I always wondered if our vacations hurt my father's feelings - we visited the Concord bridge, the Old North Church, the 150th commemoration of Cornwallis' surrender at Yorktown, Valley Forge. You could run your finger down the crack in the Liberty Bell in those days, and we did. My brother loved George Washington, read book after book about his hero: we celebrated Washington's birthday in our house with a cherry cake.
He never showed hurt feelings about it, if he had any. Never tried to argue the other side with my brother. Never reminded us that we were English. That war was over: as far as he was concerned, we were American. Our parents loved history and loved our interest in it -- we visited Civil War battlefields, too: Gettysburg, Antietam. We went to Harper's Ferry and Fredericksburg. Any war, anywhere within driving distance: Washington, Fort McHenry.

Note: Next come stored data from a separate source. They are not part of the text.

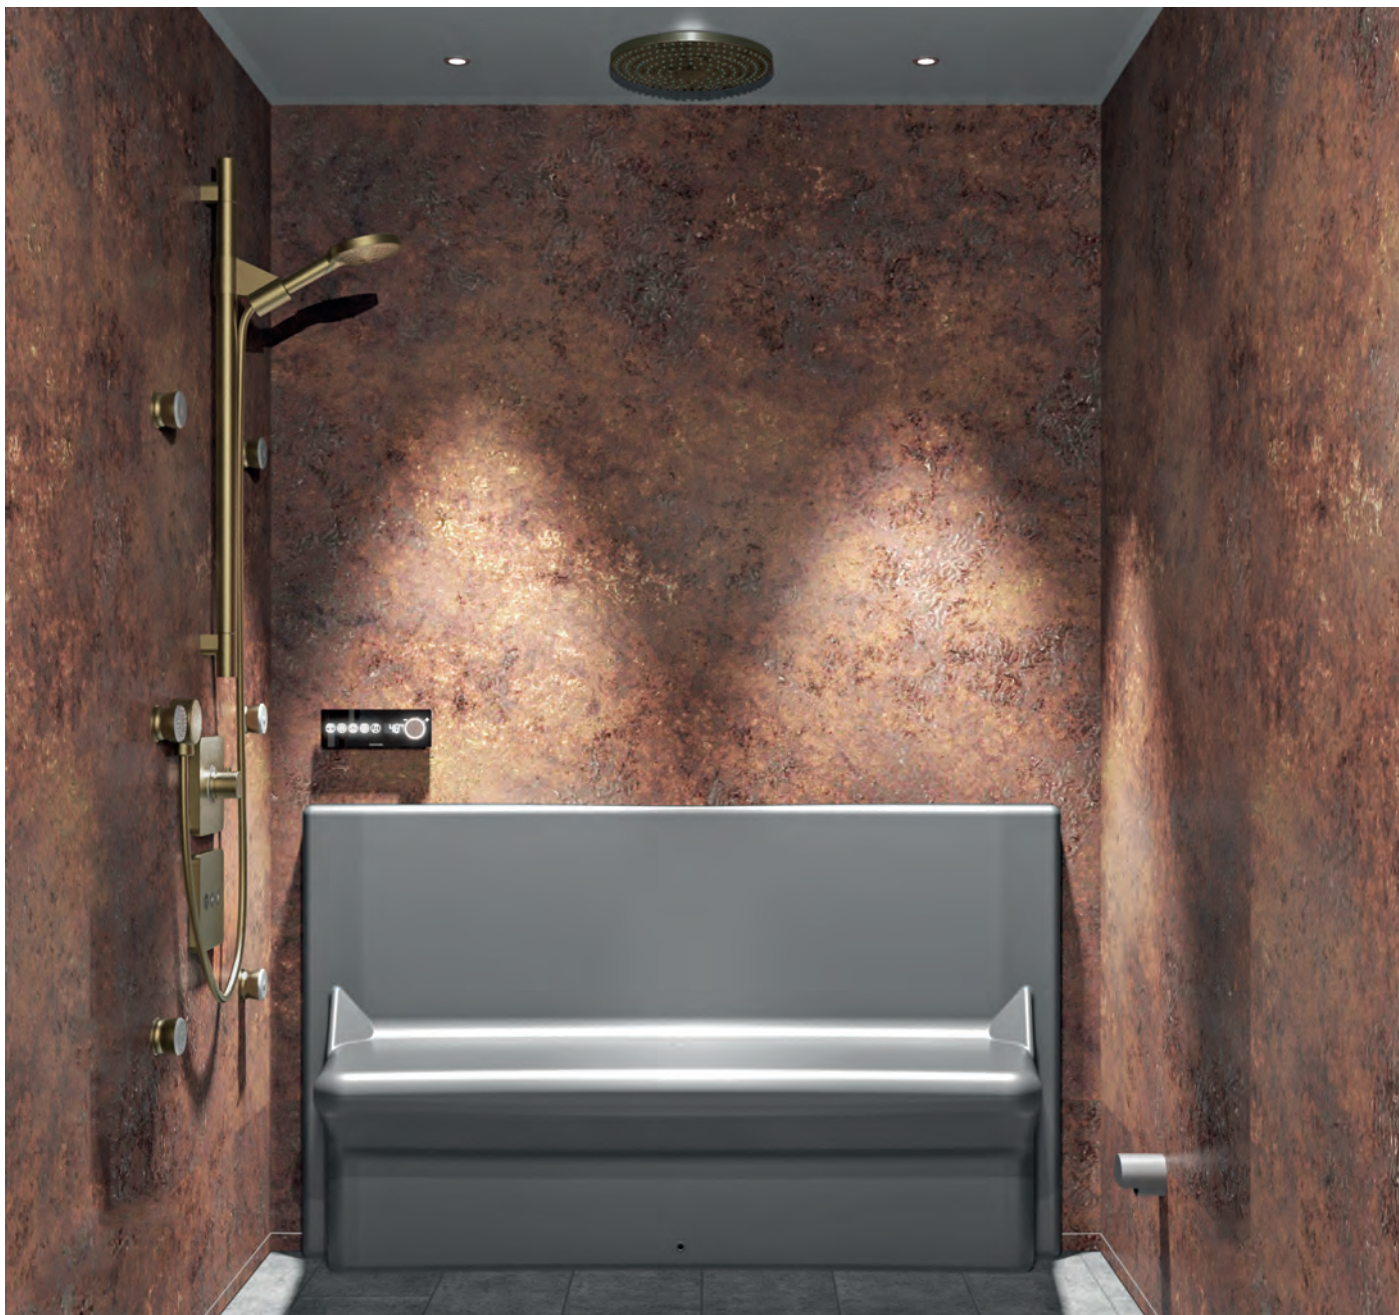

- Glaskleur transparant, brons of grijs rookglas.

DRAAIRICHTING DEUR

- Scharnieren voorstaand aan de rechter of linkerkzijde.

ZETA MODEL 4

KENMERKEN

- Inbouw cabine uit isolatiepanelen.
- Uitvoeringen pagina 92.
- Kleuren interieur pagina 94.
- Specificaties pagina 96.
- 2 persoons cabine (links of rechts uitvoering).
- Uitgevoerd met douche en stoomgenerator.
- Stoomgenerator (7,5 kW) extern te plaatsen.
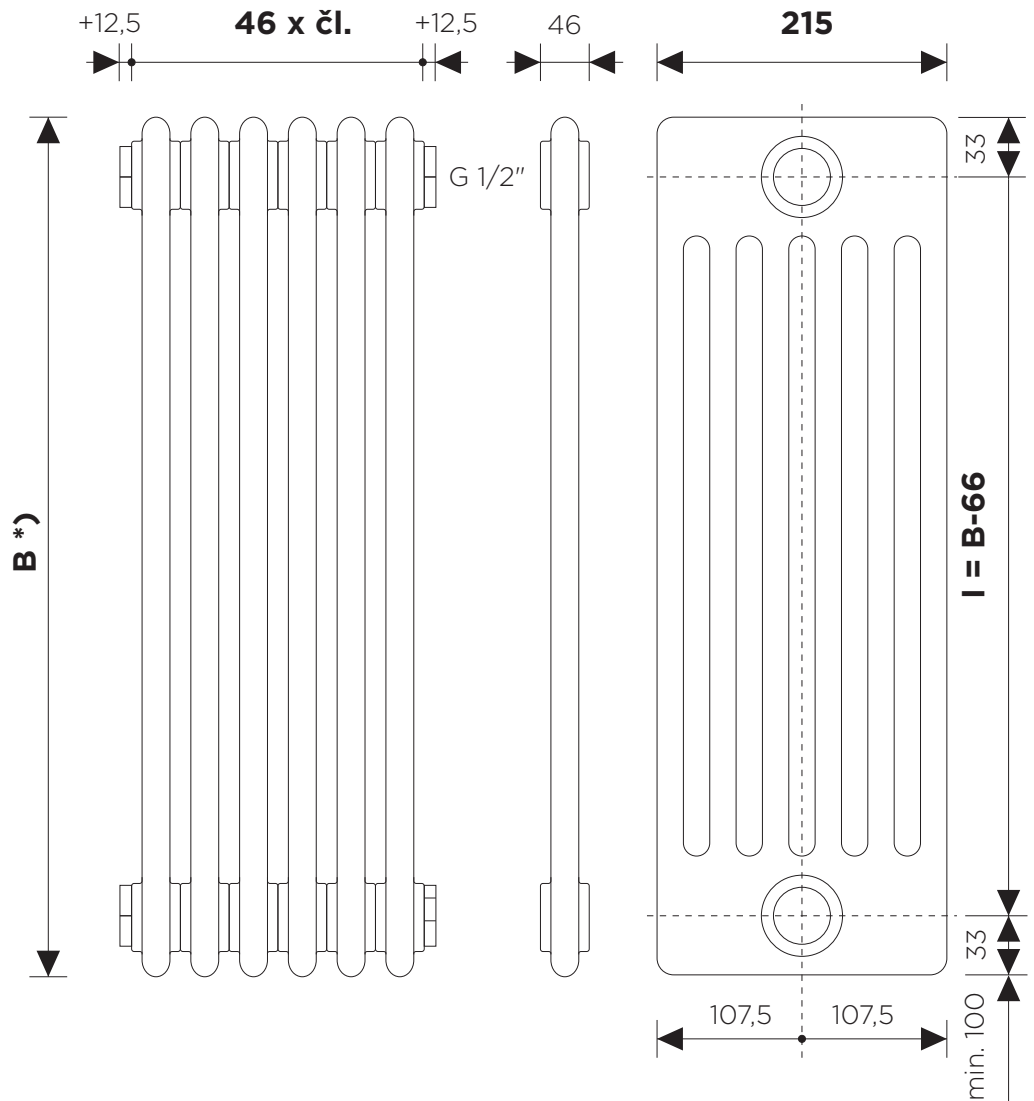

-  Alleen CV met water,
(gesloten systeem)
-  CV & elektrisch,
(combi hybride systeem)
-  puur elektrisch

 **Materiaal**
Staal
Buis 25mm

 **Oppervlak**
KTL+RAL wit
Andere +30-50%

 **Max**
max. 10 bar
max. 90° C

 **Standaardbreedte** 46
mm (+/- 1%) 1 lid

 **Standaardhoogte**
220 - 3000 mm
20 hoogtes

 **Horizontale Variante**

 **Leveringstermijn**
6 weken

***Aansluitingen | Varianten**

Opmerking: Drukfouten en veranderingen zijn voorbehouden. Laurens behoudt zich het recht voor technische veranderingen door te voeren zonder voorafgaand bericht. Laurens raadt zijn klanten aan de bestaande aansluitingen pas te veranderen of de nieuwe aansluitingen pas dan te realiseren na ontvangst van de radiatoren. Meer informatie over prijzen en verkoopkanalen vindt u onder www.laurens-radiatoren.eu

F1 = 780 N

F2 = 400 N

30 - 40 mm

Anuova Line C6 - Floor Vloerstaand model

Warmteafgifte $\Delta T50^{\circ}\text{C}$
66 ~ 8430 Watt
(afhankelijk van de afmeting)

Alle afmetingen zijn in MM. Afgedekte symbolen *) kunnen niet besteld worden.
Speciale afmetingen kunnen op wens geproduceerd worden.

- Alleen CV met water, (gesloten systeem)
- CV & elektrisch, (combi hybride systeem)
- puur elektrisch

Materiaal
Staal
Buis 25mm

Oppervlak
KTL+RAL wit
Andere +30-50%

Max
max. 10 bar
max. 90° C

Standaardbreedte 46 mm (+/- 1%) 1 lid

Later in life, I was astounded to learn that there were people who found history and politics boring. How could that rich brew of human frailty and serendipity bore anyone? You'd have to be half dead already.
And how could it not make you sad, or proud, or angry? How could a little girl or boy hear those stories and not attempt to enter them, imagining herself a heroine, himself a hero? Wonder, at night, about the untried limits of our own courage? Are we brave enough? Worthy successors?
Years later, on the fifth of July in the midst of another war, I still do not know.